Records from a collection:
■ ■ ■ ■
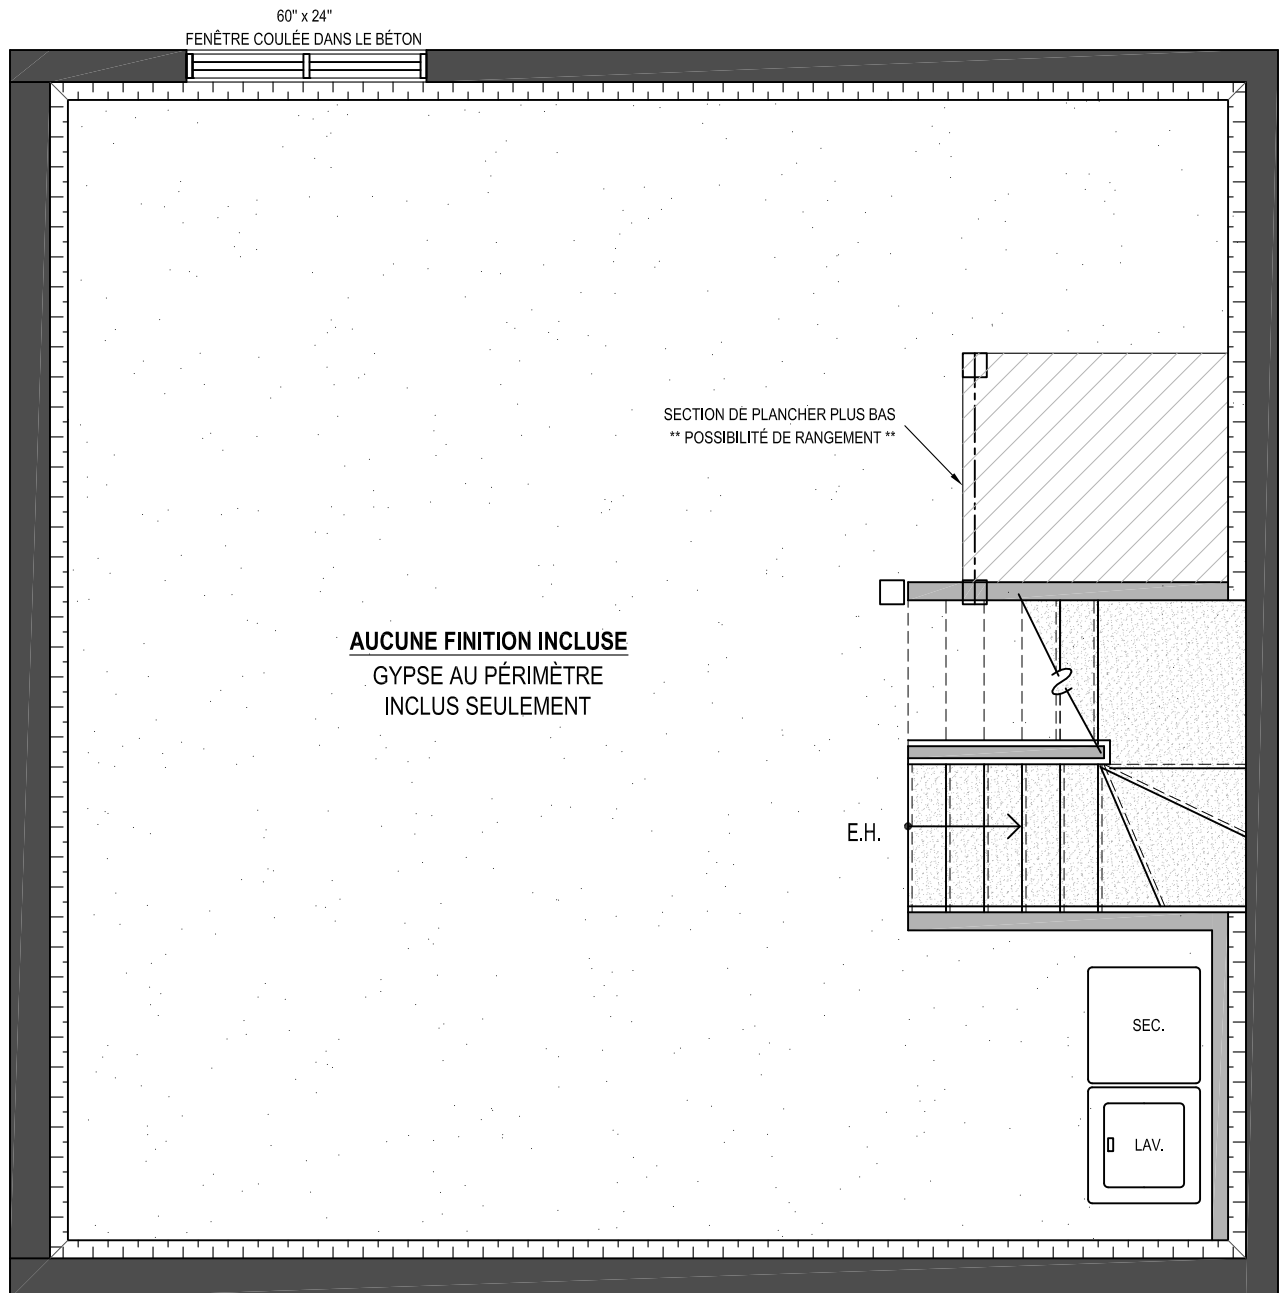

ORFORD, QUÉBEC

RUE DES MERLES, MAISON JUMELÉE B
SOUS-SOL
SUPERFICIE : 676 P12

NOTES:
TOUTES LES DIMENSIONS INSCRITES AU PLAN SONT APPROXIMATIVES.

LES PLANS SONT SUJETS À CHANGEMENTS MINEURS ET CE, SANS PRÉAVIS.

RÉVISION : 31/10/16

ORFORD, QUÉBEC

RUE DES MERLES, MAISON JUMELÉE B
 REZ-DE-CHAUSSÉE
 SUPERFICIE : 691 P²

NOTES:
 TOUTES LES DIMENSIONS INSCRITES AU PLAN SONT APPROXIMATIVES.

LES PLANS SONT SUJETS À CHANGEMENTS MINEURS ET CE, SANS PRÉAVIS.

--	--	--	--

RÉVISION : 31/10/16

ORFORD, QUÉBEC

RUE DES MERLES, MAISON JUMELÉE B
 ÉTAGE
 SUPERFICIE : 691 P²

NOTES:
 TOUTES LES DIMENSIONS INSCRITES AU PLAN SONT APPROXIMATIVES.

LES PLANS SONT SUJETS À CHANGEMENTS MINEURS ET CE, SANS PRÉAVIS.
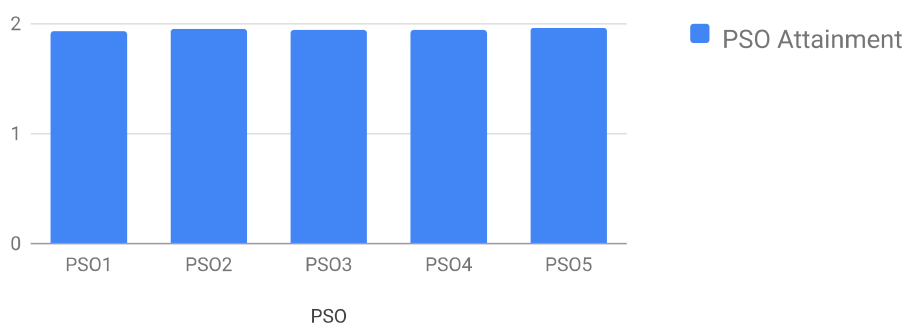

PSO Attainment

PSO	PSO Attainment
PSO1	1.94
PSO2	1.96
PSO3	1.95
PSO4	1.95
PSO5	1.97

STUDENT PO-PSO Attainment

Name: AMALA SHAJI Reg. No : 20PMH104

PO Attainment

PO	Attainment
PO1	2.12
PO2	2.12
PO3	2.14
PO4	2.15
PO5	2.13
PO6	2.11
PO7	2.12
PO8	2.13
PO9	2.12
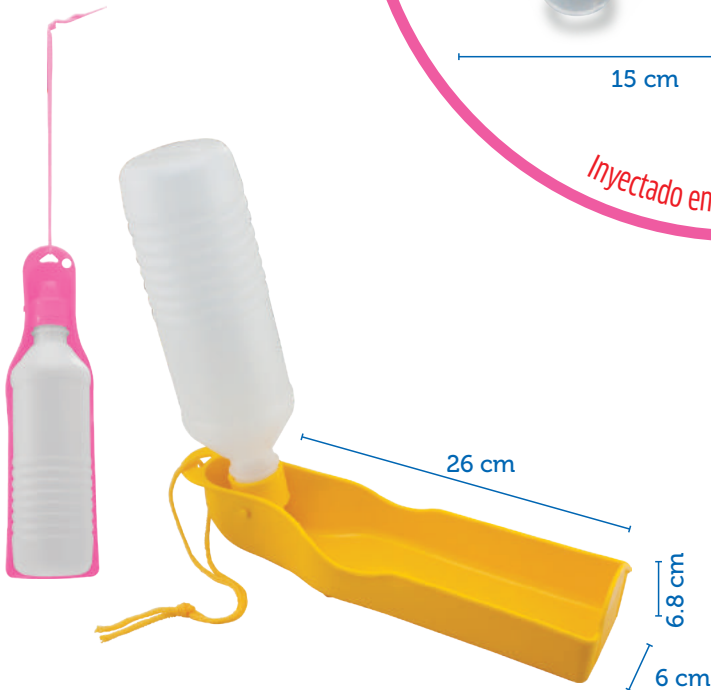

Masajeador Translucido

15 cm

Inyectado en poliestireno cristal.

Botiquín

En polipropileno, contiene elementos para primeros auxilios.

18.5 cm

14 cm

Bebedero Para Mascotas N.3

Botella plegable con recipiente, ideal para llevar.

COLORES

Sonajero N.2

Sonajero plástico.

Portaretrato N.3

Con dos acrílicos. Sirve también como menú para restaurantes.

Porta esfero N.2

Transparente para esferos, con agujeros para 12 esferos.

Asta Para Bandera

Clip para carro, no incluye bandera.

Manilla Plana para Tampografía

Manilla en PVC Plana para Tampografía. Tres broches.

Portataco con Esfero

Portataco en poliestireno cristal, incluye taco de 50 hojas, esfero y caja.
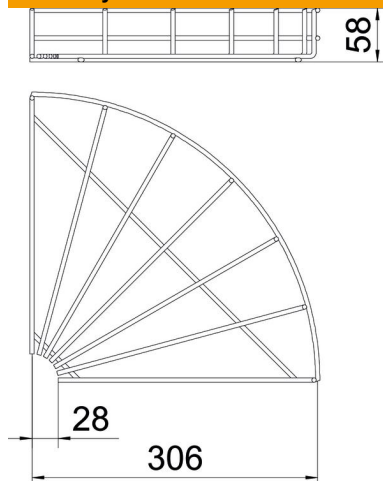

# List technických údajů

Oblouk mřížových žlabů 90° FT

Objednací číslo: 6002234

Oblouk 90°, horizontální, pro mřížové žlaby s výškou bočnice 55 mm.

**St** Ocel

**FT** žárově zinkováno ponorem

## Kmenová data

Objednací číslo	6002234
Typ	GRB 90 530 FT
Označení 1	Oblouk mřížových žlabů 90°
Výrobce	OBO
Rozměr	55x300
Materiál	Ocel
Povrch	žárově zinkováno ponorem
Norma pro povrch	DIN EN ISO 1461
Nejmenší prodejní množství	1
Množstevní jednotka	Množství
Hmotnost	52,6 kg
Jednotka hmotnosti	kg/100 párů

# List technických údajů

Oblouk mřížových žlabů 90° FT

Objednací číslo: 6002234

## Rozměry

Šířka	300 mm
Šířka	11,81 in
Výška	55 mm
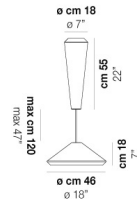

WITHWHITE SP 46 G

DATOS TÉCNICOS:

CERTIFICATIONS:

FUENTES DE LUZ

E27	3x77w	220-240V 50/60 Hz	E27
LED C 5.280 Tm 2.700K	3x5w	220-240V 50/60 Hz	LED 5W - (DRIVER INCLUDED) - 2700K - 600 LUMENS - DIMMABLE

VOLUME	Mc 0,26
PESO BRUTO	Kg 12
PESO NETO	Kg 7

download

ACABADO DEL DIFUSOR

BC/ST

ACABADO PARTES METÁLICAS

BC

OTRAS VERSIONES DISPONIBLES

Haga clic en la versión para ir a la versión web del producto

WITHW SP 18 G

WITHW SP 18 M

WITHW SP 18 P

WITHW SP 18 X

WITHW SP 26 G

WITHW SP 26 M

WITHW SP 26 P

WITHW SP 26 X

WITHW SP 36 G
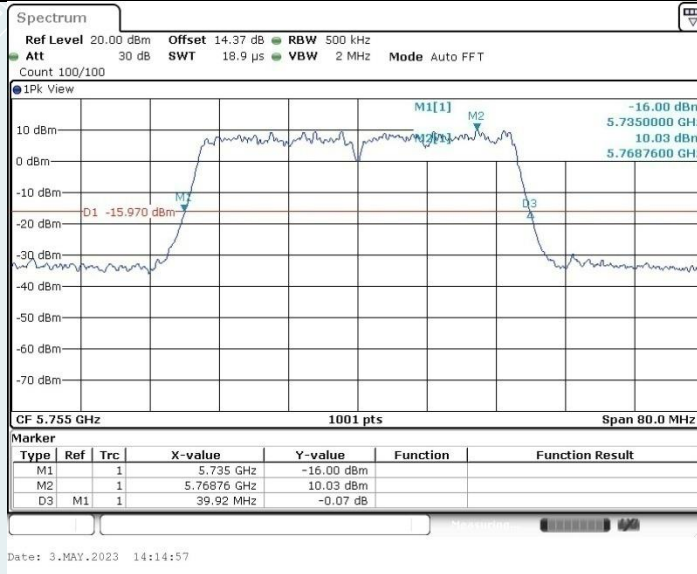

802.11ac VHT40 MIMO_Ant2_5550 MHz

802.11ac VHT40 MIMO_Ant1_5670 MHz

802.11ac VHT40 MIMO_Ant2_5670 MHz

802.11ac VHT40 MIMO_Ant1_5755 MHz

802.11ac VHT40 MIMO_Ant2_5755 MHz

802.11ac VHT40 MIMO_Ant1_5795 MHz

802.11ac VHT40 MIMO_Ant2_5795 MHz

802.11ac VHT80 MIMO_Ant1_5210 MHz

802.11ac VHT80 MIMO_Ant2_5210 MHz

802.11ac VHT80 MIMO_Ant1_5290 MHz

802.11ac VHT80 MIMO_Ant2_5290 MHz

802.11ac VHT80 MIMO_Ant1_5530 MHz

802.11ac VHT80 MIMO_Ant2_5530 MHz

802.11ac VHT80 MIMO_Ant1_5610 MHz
■ ■ ■ ■
*WHAT TO PRODUCE:*
Show the lines of the data that hold the word "Tampografía".

*RESULT FOR THIS TASK:*
Manilla Plana para Tampografía
Manilla en PVC Plana para Tampografía. Tres broches.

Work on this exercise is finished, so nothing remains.